Deployment artifacts on AD2 (verify + clean later)

Diagnostic scripts left in C:\Shares\testdatadb\database\ — safe to delete once confident:

  • _check.js, _constr.js, _dedup.js, _dup.js, _find.js, _recent.js, _run_migration.js, _scope.js, _analyze_unpushed.js, _analyze2.js, _analyze3.js, _conflict_test.js, _sanity_check.js, _spec_probe.js, _probe_pages.js, _bulk_push_all.js, _pull_inventory.js, _api_probe.js, _render_test.js, _state.js, _stamp_check.js, _probe_record.js, _pull_stdout.txt, _pull_stderr.txt

Production files to keep:

  • database/import.js (modified)
  • database/upload-to-api.js (refactored)
  • database/render-datasheet.js (new)
  • database/migrate-add-api-uploaded.sql (applied)
  • database/back-populate-api-uploaded.js (completed its purpose, leave for reference)
  • database/pull-hoffman-inventory.js (left for future full-inventory pulls if needed)
  • routes/api.js (modified)
  • public/index.html (modified)

Plus .bak-YYYYMMDD-HHMMSS copies for every modified file per deploy.

Key infrastructure facts

  • testdatadb service: runs as INTRANET\svc_testdatadb (NOT SYSTEM)
  • credentials.json at C:\ProgramData\dataforth-uploader\credentials.json — had to grant svc_testdatadb Read + Traverse (was SYSTEM + Admins only; fixed 2026-04-15)
  • For_Web path: C:\Shares\webshare\For_Web (local on AD2); X: drive mapping is user-mapped and invisible to services
  • Service wrapper: C:\Shares\testdatadb\daemon\testdatadb.exe (WinSW)
  • Logs: C:\Shares\testdatadb\logs\ (out.log, err.log, wrapper.log)
  • Postgres connection: local, defaults PGHOST=localhost PGPORT=5432 PGUSER=testdatadb_app PGDATABASE=testdatadb

Credentials used / confirmed

  • AD2 (sysadmin): vault clients/dataforth/ad2.sops.yamlPaper123!@# (fixed earlier session — no more \!@# backslash hack needed)
  • Hoffman API creds: C:\ProgramData\dataforth-uploader\credentials.json on AD2 (CF_TOKEN_URL, CF_API_BASE, CF_CLIENT_ID, CF_CLIENT_SECRET, CF_SCOPE)
  • SOPS age key: %APPDATA%\sops\age\keys.txt as usual

Open items / next session candidates

  1. Drop test_records_dedup_bak_20260415 after another day or two of no regressions
  2. Drop redundant 5-col unique constraint test_records_log_type_model_number_serial_number_test_date__key if user wants
  3. Auto-retry/re-render for unpushable records — 7,905 records skipped due to missing specs. Adding specs for those 8B/5B/DSCA variants would unlock more web coverage.
  4. www.azcomputerguru.com Apache vhost — returns 404 despite root domain working. ServerAlias missing; defer to azcomputerguru.com project.

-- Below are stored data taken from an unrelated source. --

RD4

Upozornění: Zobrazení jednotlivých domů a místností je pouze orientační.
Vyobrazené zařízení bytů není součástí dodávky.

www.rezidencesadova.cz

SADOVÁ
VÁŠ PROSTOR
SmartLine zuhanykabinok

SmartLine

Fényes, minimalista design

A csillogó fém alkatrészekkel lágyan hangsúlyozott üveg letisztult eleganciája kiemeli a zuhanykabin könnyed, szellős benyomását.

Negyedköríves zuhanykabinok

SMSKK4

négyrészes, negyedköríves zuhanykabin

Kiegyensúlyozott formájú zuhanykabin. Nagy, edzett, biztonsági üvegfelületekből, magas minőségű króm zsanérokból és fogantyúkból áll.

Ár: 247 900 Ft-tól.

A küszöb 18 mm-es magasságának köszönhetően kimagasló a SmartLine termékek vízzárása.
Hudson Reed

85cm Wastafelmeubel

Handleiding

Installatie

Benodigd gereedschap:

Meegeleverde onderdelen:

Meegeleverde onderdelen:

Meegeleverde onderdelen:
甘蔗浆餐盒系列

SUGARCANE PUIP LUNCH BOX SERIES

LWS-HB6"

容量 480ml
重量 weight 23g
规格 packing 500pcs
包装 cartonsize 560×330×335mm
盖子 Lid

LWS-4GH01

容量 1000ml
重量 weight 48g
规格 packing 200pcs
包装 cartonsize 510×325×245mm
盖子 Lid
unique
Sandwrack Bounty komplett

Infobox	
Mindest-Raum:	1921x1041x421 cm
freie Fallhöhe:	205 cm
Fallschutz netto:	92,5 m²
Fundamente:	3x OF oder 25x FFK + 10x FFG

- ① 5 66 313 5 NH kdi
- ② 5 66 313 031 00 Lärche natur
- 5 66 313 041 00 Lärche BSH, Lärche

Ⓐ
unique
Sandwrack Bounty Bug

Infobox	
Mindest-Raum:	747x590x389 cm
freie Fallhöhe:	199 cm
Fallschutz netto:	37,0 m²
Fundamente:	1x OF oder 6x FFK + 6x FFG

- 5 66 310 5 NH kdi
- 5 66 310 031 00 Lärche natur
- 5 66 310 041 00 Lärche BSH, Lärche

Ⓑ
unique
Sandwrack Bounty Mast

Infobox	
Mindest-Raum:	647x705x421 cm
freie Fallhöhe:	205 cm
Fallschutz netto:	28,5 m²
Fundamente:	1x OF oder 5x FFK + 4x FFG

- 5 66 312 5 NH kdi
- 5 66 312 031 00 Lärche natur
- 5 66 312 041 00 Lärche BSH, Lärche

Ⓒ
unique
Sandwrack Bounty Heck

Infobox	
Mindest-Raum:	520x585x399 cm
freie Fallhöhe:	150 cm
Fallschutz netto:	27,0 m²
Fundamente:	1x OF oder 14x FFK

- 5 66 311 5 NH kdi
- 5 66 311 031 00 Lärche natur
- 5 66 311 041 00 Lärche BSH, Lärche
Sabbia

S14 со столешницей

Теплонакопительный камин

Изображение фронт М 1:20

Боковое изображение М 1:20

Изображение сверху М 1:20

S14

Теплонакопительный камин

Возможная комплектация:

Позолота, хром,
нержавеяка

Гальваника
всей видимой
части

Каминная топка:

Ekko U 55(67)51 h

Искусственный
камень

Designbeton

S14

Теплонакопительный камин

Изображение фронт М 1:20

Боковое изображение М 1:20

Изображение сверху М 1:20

Bonus: production incident resolved same session

azcomputerguru.com went down mid-session (CF managed challenge served in place of content). Root cause: Imunify360 on IX (172.16.3.10) had blacklisted Jupiter's IP (172.16.3.20) 9+ days ago — detected cloudflared's relay pattern as bot-like. Jupiter's tunnel couldn't reach origin, CF substituted challenge page.

Fix:

  1. ipset del i360.ipv4.blacklist 172.16.3.20 (immediate unban)
  2. imunify360-agent ip-list local add --purpose white --full-access --comment "Jupiter cloudflared tunnel origin" 172.16.3.20 (permanent whitelist)
  3. Restarted cloudflared container on Jupiter

Site back within ~15 min of detection. All CF-fronted subdomains (rmm.azcomputerguru.com, rmm-api, etc.) sharing the same tunnel also recovered.

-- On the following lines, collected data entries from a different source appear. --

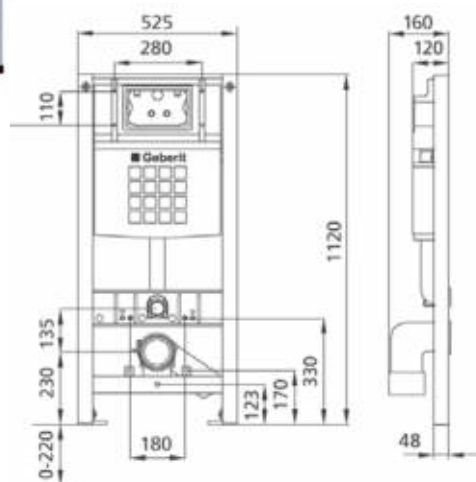

Inbouwframe Safety Plus voor toiletten

• Inbouwframe Safety Plus voor vandaalbestendige toiletaansluiting door bevestiging met 3 of 4 bevestigingspunten. Geberit spoelreservoir met frontbediening (exclusief) en 3 of 6 liter spoeling. Incl. afvoerbocht, horizontaal of verticaal Ø 100 mm. Geluidsisolierend.

Voordelen:

- Voorzien van een Geberit Sigma spoelreservoir, bediening van voor. Bediening niet ingebrepen.
- Kan uitgevoerd worden in combinatie met Loggere bedieningssystemen.
- Voorziening voor geluidsisolerende vandaalbestendige bevestiging
- Bevestiging met 3 of 4 bevestigingspunten (Passend op alle Loggere toiletten)
- Indien gewenst op 6 plaatsen aan muur te monteren
- Geluidsisolerende steunbeugel voor toilet water afvoerbuïs.

Art.	Omschrijving
650024*	Inbouwframe Safety Plus geschikt voor 3- of 4-punts toiletbevestiging

Opties

Art.	Omschrijving
970912	Vandaalbestendige bedieningsplaat voor inbouwframe Safety Plus met Geberit pneumatische bediening
970913*	Vandaalbestendige bedieningsplaat voor inbouwframe Safety Plus met piëzodrukker en Geberit Hytronic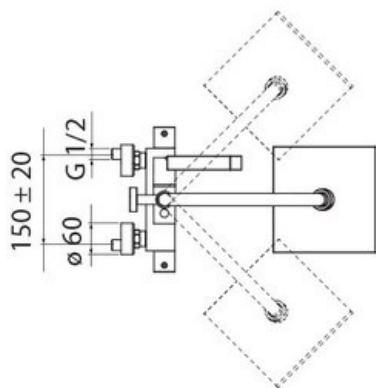

luisina
DESIGN

La Boisinière - 35530 Servon-sur-Vilaine

Tél : 02 99 00 24 24

SIRET 31828963400038 - RCS Rennes B 318 289 634 - TVA FR41318289634

SCD LUISINA © 1989-2024

SSH flakiness on AD2 — noted but not a GuruRMM issue

Observed: sshd port 22 intermittently unreachable on AD2 for 5-15 min windows. Port 3000 (testdatadb), 3389 (RDP), 5985 (WinRM) stay reachable through same windows. sshd PID 4012 continuously running since 2026-04-11 22:09 — no crashes in event log. Likely a network-layer blip (firewall/AV scan briefly blocking port 22) rather than an actual service issue. Not caused by GuruRMM agent.